___ EXERCISE DATA ___

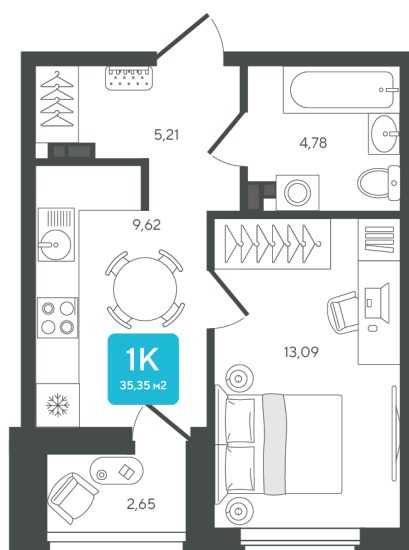

Номер: 242

1 комнатная 35.35 м²

Отсканируйте QR-код и
смотрите на сайте sever-
group.ru

6 476 120 руб.

В ипотеку от 17 189 руб.

Предчистовая отделка

Проект	Дабл-Дабл	Корпус	ГП-2 - 2 очередь
Этаж	6	Секция	3
Сдача	3 кв. 2028		

10.06.2026 15:47 (Мск)

Не является публичной офертой, цена может быть скорректирована.
Информация взята с сайта «sever-group.ru».

На этаже 6

1 комнатная 35.35 м²

10.06.2026 15:47 (Мск)

Не является публичной офертой, цена может быть скорректирована.
Информация взята с сайта «sever-group.ru».

На генплане ГП-2 - 2 очередь

1 комнатная 35.35 м²

10.06.2026 15:47 (Мск)

Не является публичной офертой, цена может быть скорректирована.
Информация взята с сайта «sever-group.ru».
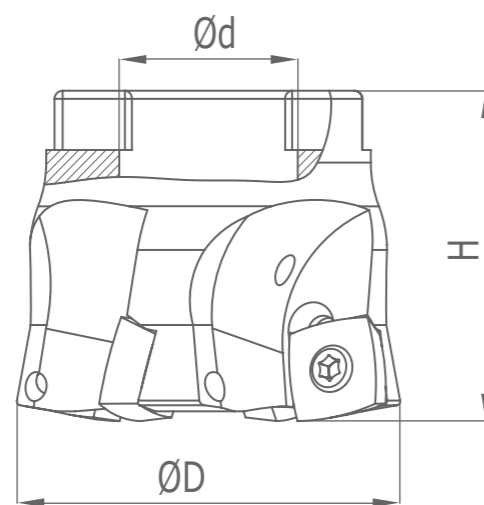

ZDCW 09T3 ZDEW 1204 PRMT

ZDCW 09T3- ZDEW 1204 / PRMT

4

PRMT

PRMT ZDCW 09T3- ZDEW 1204	Stock	Inter Coolant	D	Z	H	d	Insert	Screw	Clamp	Screw	Torx Key
1181800	•	•	40	4	40	16	ZDCW 09T304	M3X8	-	-	T10
1181900	•	•	50	4	40	22	ZDEW 120408	M4X10	CK14	M4X10	T15
1182000	•	•	63	5	40	22					

INSERT

SCREW

CLAMP

SCREW

TORX KEY
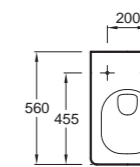

E4811 Подвесной унитаз 56 x 36,5 см. Крышка-сиденье с механизмом «плавное опускание»

___

WORK REQUIRED: Leave out the pictures and print each record exactly as it stands.

THE COMPLETED TASK:
Номер: 242

1 комнатная 35.35 м²

Отсканируйте QR-код и
смотрите на сайте sever-
group.ru

6 476 120 руб.

В ипотеку от 17 189 руб.

Предчистовая отделка

Проект	Дабл-Дабл	Корпус	ГП-2 - 2 очередь
Этаж	6	Секция	3
Сдача	3 кв. 2028		

10.06.2026 15:47 (Мск)

Не является публичной офертой, цена может быть скорректирована.
Информация взята с сайта «sever-group.ru».

На этаже 6

1 комнатная 35.35 м²

10.06.2026 15:47 (Мск)

Не является публичной офертой, цена может быть скорректирована.
Информация взята с сайта «sever-group.ru».

На генплане ГП-2 - 2 очередь

1 комнатная 35.35 м²

10.06.2026 15:47 (Мск)

Не является публичной офертой, цена может быть скорректирована.
Информация взята с сайта «sever-group.ru».

ZDCW 09T3 ZDEW 1204 PRMT

ZDCW 09T3- ZDEW 1204 / PRMT

4

PRMT

PRMT ZDCW 09T3- ZDEW 1204	Stock	Inter Coolant	D	Z	H	d	Insert	Screw	Clamp	Screw	Torx Key
1181800	•	•	40	4	40	16	ZDCW 09T304	M3X8	-	-	T10
1181900	•	•	50	4	40	22	ZDEW 120408	M4X10	CK14	M4X10	T15
1182000	•	•	63	5	40	22					

INSERT

SCREW

CLAMP

SCREW

TORX KEY

E4811 Подвесной унитаз 56 x 36,5 см. Крышка-сиденье с механизмом «плавное опускание»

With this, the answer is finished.